Plus, I should make mention of the final AMRC/UK National Stem Cell Network public engagement meeting – this time in York on 29th March 2011.  The event will feature the screening of the award winning film ‘Indestructible’ which documents the declining health of a young American motor neurone disease sufferer, including his trip to China for a stem cell therapy.  The film will be followed by a question and answer session with a panel of local experts.

Finally, a soft launch of an exciting new project that AMRC, together with the British Library, UKOLN at the University of Bath, Sage Bionetworks and the Digital Curation Centre and funded by JISC, will be undertaking over the next few months to investigate the potential of crowd- sourced “lay summaries”, derived from UK PubMed Central content, to enable the citizen- patient to better understand research.  The project now has its very own blog which will be populated with a great deal more information very, very soon.

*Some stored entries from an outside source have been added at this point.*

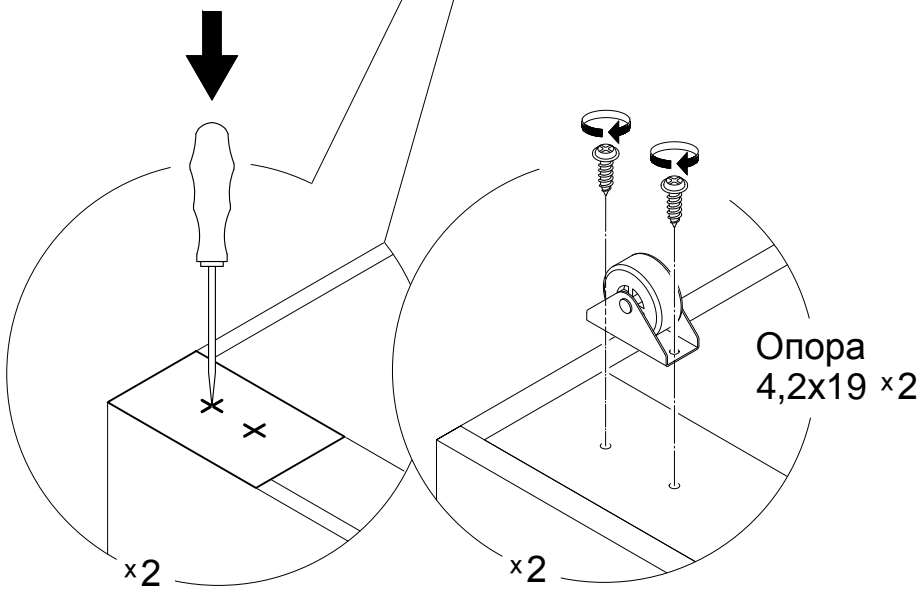

9

13.11.2019

Инструкция по сборке

10

Короб для постельных принадлежностей
 048-41
 H30XL

край короба

край короба

8

6

7

M 1:1

- M4пш
x2
- M6
x4
- Ш6
x4
- 4x16
x6
- Ш8пласт
x2
- M8с
x2

- Ш8
x2
- 4,2x19
x4
- M4x20
x2
- M6x25
x4
- 7x50
x12
- M8x45
x2

5

M 1:1

1

As CEO of a membership association I am used to crowd-surfing.  So this is a new one on me and all the more exciting because of it.

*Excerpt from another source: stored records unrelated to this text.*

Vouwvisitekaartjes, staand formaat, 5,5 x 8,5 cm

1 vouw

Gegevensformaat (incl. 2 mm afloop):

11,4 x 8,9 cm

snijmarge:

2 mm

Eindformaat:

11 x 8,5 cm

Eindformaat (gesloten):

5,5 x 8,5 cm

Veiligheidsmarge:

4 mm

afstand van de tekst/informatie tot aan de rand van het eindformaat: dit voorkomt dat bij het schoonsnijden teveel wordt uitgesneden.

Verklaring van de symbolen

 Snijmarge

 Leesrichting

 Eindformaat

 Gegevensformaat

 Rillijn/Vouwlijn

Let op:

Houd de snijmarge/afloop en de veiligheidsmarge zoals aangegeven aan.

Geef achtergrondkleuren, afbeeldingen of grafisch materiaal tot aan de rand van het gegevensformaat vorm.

So the UKCMRI partners were in front of the House of Commons Science and Technology Committee yesterday as were representatives of the local community.  Meanwhile the Science Minister, David Willetts, announced that the Government had agreed the business plan for the new centre as put forward by the Medical Research Council (MRC).   A good day all in all for the Centre and its supporters.

Interestingly UKCMRI is mentioned in two diagnostic articles looking back at last week’s announcement by Pfizer.  The first is by Andrew Jack in the Financial Times.  The second is by Colin Macilwein in NatureNews.   Each piece has a different accent with the latter taking a slightly more critical stance as regards the relationship between Government and pharma.  But there are also themes common to both around the need to reduce regulation and for better data sharing by companies.

I suppose Pfizer’s Sandwich plant  and UKCMRI are both of their time and I thought David Cooksey’s (Chair, UKCMRI) take on how UKCMRI will differ from what has gone before in the way it will cluster capabilities and knowledge was quite helpful to understanding why UKCMRI is so important to UK science.  

There was a lot of talk about the science ‘ecosystem’ at the time of the Spending Review and the need for the Government to avoid breaking it by not thinking through the consequences of its actions.  That’s the real issue about Pfizer and Sandwich, that together with other pharma cuts over the last few years, the UK has lost a significant amount of its pharma R&D capacity and capability with major knock-on effects for all including medical research charities. 

Against that background, initiatives such as UKCMRI take on even greater importance but the Government needs to think more strategically if we are to better manage the ecosystem going forward.  A TaskForce in Sandwich is important to managing the impact on the local community but we could do with a national Task Force as well.  One can only load so much onto UKCMRI.

And..finally from the sector…my congratulations to Alzheimer’s Research Trust who changed their name to Alzheimer’s Research UK yesterday and have a new website to boot.